**Information supplied**

*-*-*

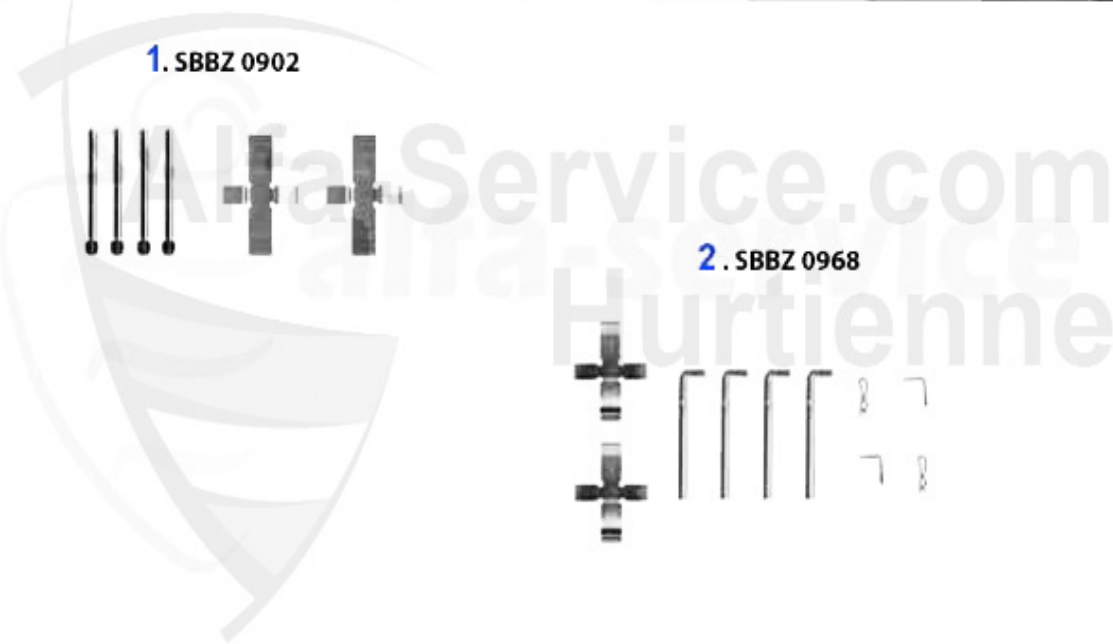

Bremsbelag Zubehör/Brakepadattachment Giulietta (116)

1	SBBZ0902	SBB-Zubehör für 1300400/20034 4x Stift 2x Kreuzfeder	9.50 EUR
2	SBBZ0968	SBB-Zubehör 116 HA f. 20641,20912	19.90 EUR

*-*-*

**Work instruction**
From the first line to the last, return the material above exactly, apart from the pictures.

**Your solution**
Bremsbelag Zubehör/Brakepadattachment Giulietta (116)

1	SBBZ0902	SBB-Zubehör für 1300400/20034 4x Stift 2x Kreuzfeder	9.50 EUR
2	SBBZ0968	SBB-Zubehör 116 HA f. 20641,20912	19.90 EUR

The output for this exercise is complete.